A Winsome Widow is a 1912 musical produced by Florenz Ziegfeld, Jr., which was a revised version of Charles Hale Hoyt's 1891 hit, A Trip to Chinatown, with a score by Raymond Hubbell.

==History==
The show debuted at the Moulin Rouge on April 11, 1912, and ran into September, with a total of 172 performances. (A pre-opening performance was presented at Parson's Theatre in Hartford, Connecticut on April 8, 1912.) The production's sets were designed by Ernest Albert.

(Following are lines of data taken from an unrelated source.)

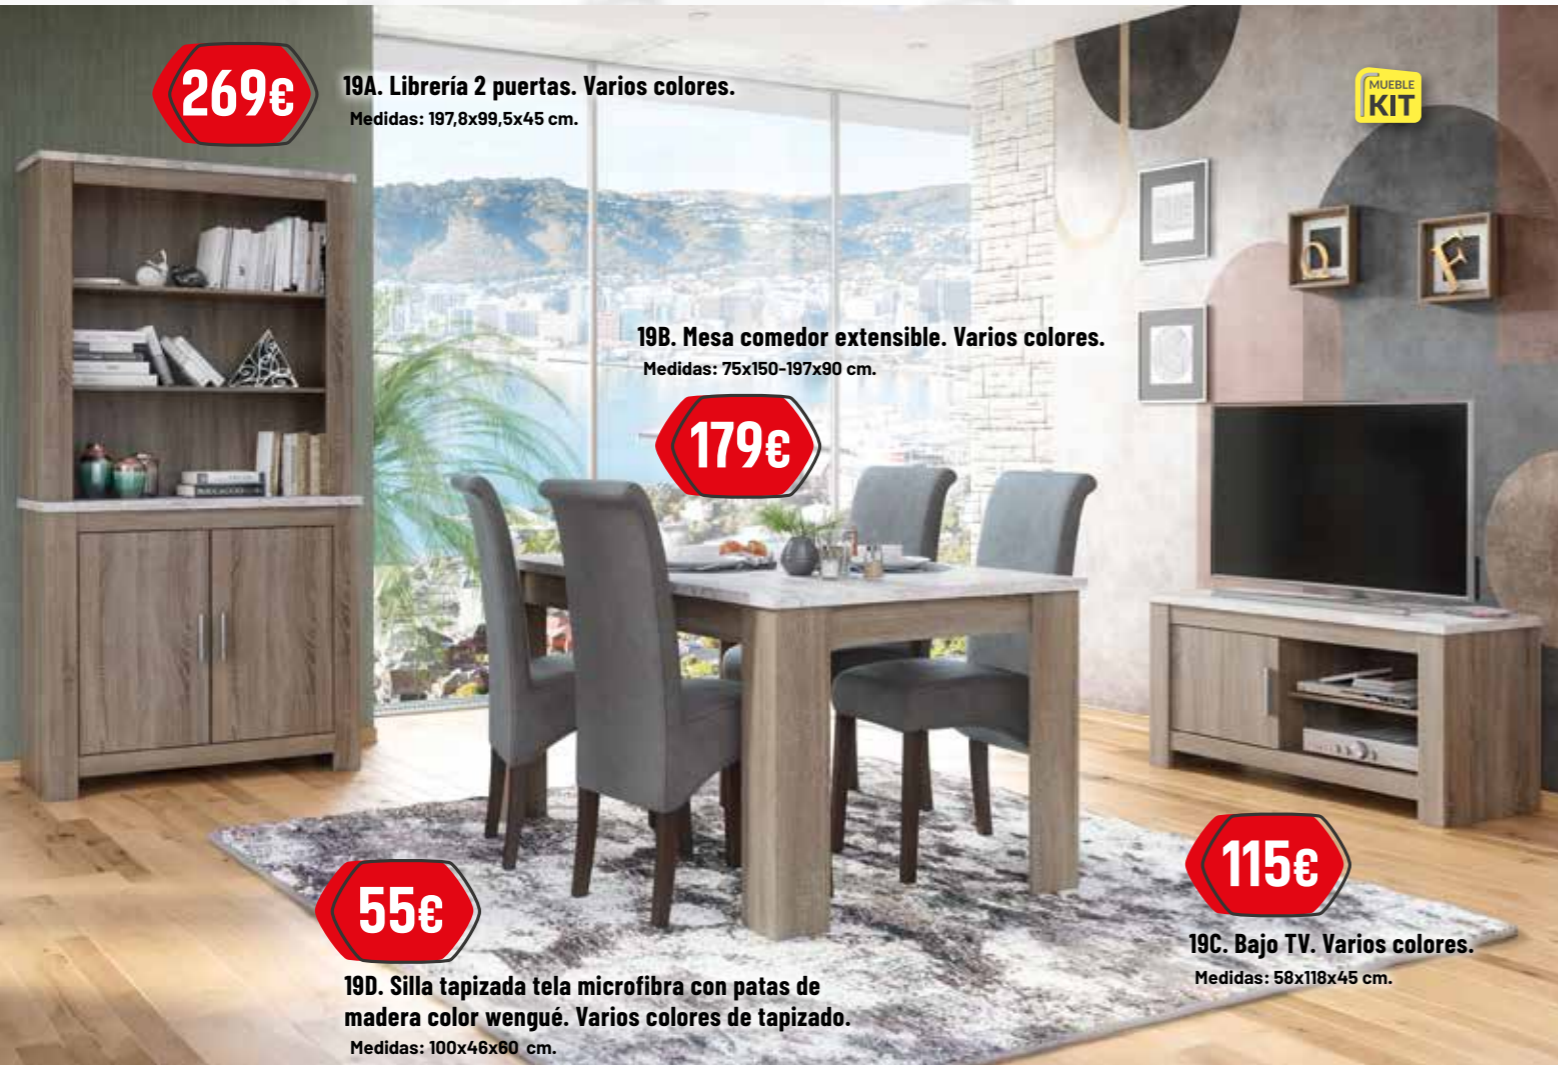

MUEBLE
KIT

Respaldo:
65x180x17,6 cm.

Bodeguero:
110x110x34,6 cm.

399€

Alto:
46x130x26,3 cm.

Bajo TV:
50x180x41,4 cm.

13. Composición apilable 290 cm. Varios colores disponibles.

Marco: 50x115x3,5 cm.

MUEBLE
KIT

Taquillón: 85x115x26 cm.

145€

15. Recibidor completo.

355€

MUEBLE
KIT

Medidas:
206x200x56 cm.

18. Armario 4 puertas. Varios colores.

Incluye 2 estantes y 2 barras para colgar.

269€

19A. Librería 2 puertas. Varios colores.
Medidas: 197,8x99,5x45 cm.

MUEBLE KIT

19B. Mesa comedor extensible. Varios colores.
Medidas: 75x150-197x90 cm.

179€

55€
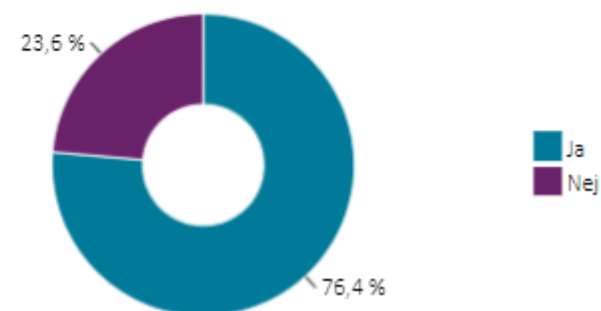

Andel elever der opnår mindst 2 i dansk og matematik
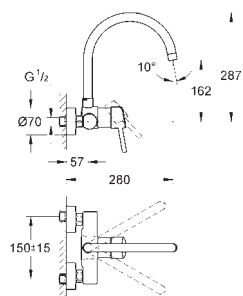

GROHE CONCETTO

Referência

Cor

P.V.P.R. (€)

32 667 001

cromado

199,00

Concetto

Monocomando de lava-louça 1/2"

Montagem na parede

Acabamento GROHE StarLight

Cartucho de discos cerâmicos GROHE SilkMove 46 mm

Perlator tipo „Mousseur“

Limitador ecológico de caudal

Bica giratória

Ângulo de 360°

Projeção 280 mm

Rácores em S (150 ± 25)
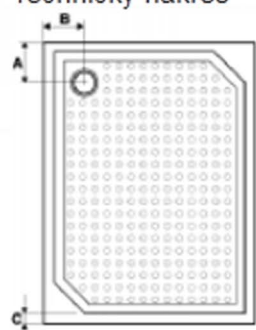

SARA

Vanička

Technický náčrt

Vanička + panel

Panel - provedení L,P

Rozměr	A	B	C
SARA 90/70	162	163	50
SARA 100/80	170	170	45
SARA 100/90	162	163	50
SARA 110/80	160	160	50
SARA 110/90	162	162	50
SARA 120/80	165	165	45
SARA 120/90	170	170	45

Pozn.: Součástí vaničky je sada 5-ti výškově nastavitelných nožiček.

Typ	Kód	Tvar	Rozměr[mm]	Výška[mm]	Hloubka[mm]	Sifon[mm]	Tvar panelu
SARA 90/70	HS 9070	obdélník	900x700	40	20	90	-
SARA 100/80	GS10080	obdélník	1000x800	40	20	90	-
SARA 100/90	HS10090	obdélník	1000x900	40	20	90	-
SARA 110/80	HS11080	obdélník	1100x800	40	20	90	-
SARA 110/90	HS11090	obdélník	1100x900	40	20	90	-
SARA 120/80	GS12080	obdélník	1200x800	40	20	90	-
SARA 120/90	GS12090	obdélník	1200x900	40	20	90	-
Čelní panel SARA 100/80 L,P	GP10080	obdélník	1000x800	100	-	-	lomený L/P
Čelní panel SARA 120/80 L,P	GP12080	obdélník	1200x800	100	-	-	lomený L/P
Čelní panel SARA 120/90 L,P	GP12090	obdélník	1200x900	100	-	-	lomený L/P

Důležité: Levý či pravý panel SARA určíte dle pozice kratší strany!

One of its featured songs was "Be My Little Baby Bumble Bee" by Stanley Murphy and Henry I. Marshall. The musical was a big hit, and featured a finale with real ice skating.

The large cast featured Emmy Wehlen, Leon Errol, the Dolly Sisters, Elizabeth Brice, Frank Tinney, and Charles King. A young Mae West played a small role, though she quit after five performances.

Though well received by audiences, the show had mixed reviews. The New York Clipper called it "a spectacle of gayety and gorgeousness", but The New York Times was bored of its "sameness", and critic Sime Silverman of Variety said it was "at least forty minutes too long, draggy with superfluous people."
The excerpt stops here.